The Heine poem Kraus is referencing, “Old Rose” (“Alte Rose”), is notably nasty.
Heine compares a beautiful girl whom he knew in his youth to a budding rose.
He pursued her when she burst into bloom, but she fought him off with her thorns.
Now, when she’s old and faded, she’s pursuing
him
, looking for love, but there’s a bristle on a wart on her chin—a new kind of thorn.
It sticks him as she tries to kiss him, and he tells her to shave.
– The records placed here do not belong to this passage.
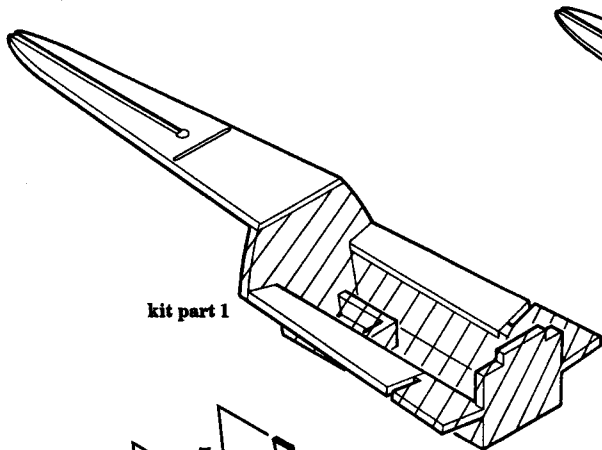

Focke Wulf Fw-190 A8/R-11

1/72 scale detail set for REVELL kit

72 241

-  OPPOSITE SIDE
-  REMOVE
-  BEND
-  REPLACE
-  GRIND

kit part 1

 Hatched areas

kit part 1

kit part 1

12 

kit part 1

 kit part 1

7

7

3 

1

1

This kind of thing may be rarer in Heine’s late poetry, but I’m with Kraus: it speaks to Heine’s moral character.

83
.
“God will pardon me, that’s his job.”
      
Reitter: “According to one witness, this was Heine’s deathbed response to the question: How do things stand with you and God?”

84
.
“A reference to Offenbach’s operetta
Bluebeard
(1866), which Kraus adored.” —PR
      
Kraus is having fun with with Heine’s poem “The Asra,” which, in good Romantic fashion, is set in an exotic sultanate.
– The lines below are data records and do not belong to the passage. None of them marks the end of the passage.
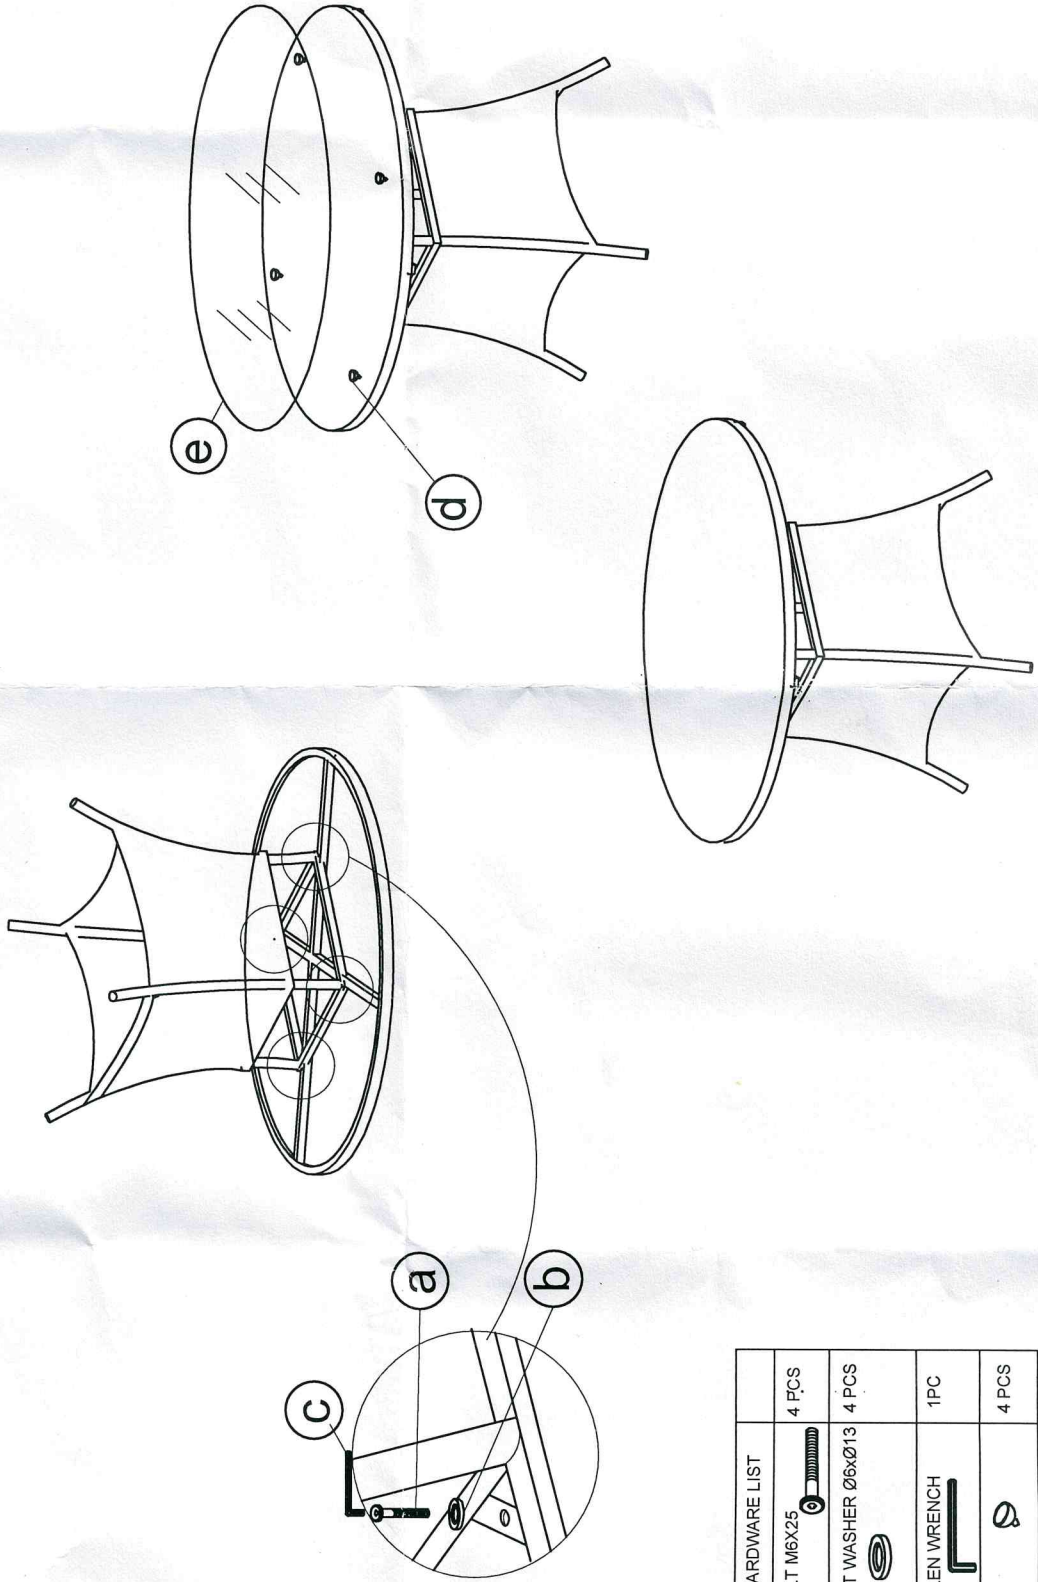

# ASSEMBLY INSTRUCTIONS

HARDWARE LIST	
(a) BOLT M6X25	4 PCS
(b) FLAT WASHER Ø6xØ13	4 PCS
(c) ALLEN WRENCH	1PC
(d)	4 PCS
(e)	1 PC

Every evening, the sultan’s beautiful daughter takes a walk in her garden and sees a young slave boy who’s getting paler day by day.
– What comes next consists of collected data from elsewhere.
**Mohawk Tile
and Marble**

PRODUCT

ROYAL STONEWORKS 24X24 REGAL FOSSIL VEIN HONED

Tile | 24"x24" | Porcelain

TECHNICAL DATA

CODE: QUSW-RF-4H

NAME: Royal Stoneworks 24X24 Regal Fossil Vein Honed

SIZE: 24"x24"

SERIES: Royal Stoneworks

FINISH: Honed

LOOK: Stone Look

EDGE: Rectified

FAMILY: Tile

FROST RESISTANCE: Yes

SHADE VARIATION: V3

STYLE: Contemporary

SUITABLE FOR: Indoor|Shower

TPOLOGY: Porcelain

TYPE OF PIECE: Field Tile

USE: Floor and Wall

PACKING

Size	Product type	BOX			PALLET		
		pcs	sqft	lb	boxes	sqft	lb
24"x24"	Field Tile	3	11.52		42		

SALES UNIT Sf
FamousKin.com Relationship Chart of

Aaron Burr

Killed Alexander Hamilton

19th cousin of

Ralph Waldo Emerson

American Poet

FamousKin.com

Finally she asks him who he is, and he tells her that he’s from a Yemeni tribe, the Asra, “who die when they love.”
With the comparison with Offenbach, Kraus is mocking both the secondhand “misery” of the poem and the passive, unmasculine suffering of its author’s persona.

85
.
“‘What Does the Lonely Tear Want?’
(‘Was will die einsame Träne?’) is the title of one of Heine’s most famous ‘songs.’
Robert Schumann set the poem to music in 1840.” —PR

86
.
Why was Kraus so angry?
Consider the facts.
He was a late child in a prosperous, well-assimilated Jewish family whose business generated a large enough and steady enough income to make him financially independent for life.
This in turn enabled him to publish
Die Fackel
exactly as he wished, without making concessions to advertisers or subscribers.
He had a close circle of good friends and a much larger circle of admirers, many of them fanatical, some of them famous.
He was an electrifying public speaker, capable of filling the largest theaters, which went a long way toward satisfying his youthful ambition to be an actor.
Although he never married, he had some brilliant affairs and a deep long-term relationship with Sidonie.
He seems to have suffered nothing like the conflicts with his father that Kafka had with his, nor to have regretted not having children.
His only significant health problem was a curvature of the spine, and even this had the benefit of exempting him from military service.
So how did a person so extremely fortunate become the Great Hater?
      
Kafka once diagnosed in German-Jewish writers a “terrible inner state,” related to a bad relationship with Judaism.
A bad inner state can certainly be discerned in Kraus’s agon with Heine, as in a handful of other Kraus texts (including “He’s Still a Jew” and his short play
Literatur
) and in his strikingly personal vendetta against certain Jews, including the publisher of the
Neue Freie Presse
.
But Kraus’s Jewish problem seems to me at most a supporting element in his larger project—his exposure of Austrian hypocrisies and corruption, his championing of language and literature he considered authentic and underappreciated.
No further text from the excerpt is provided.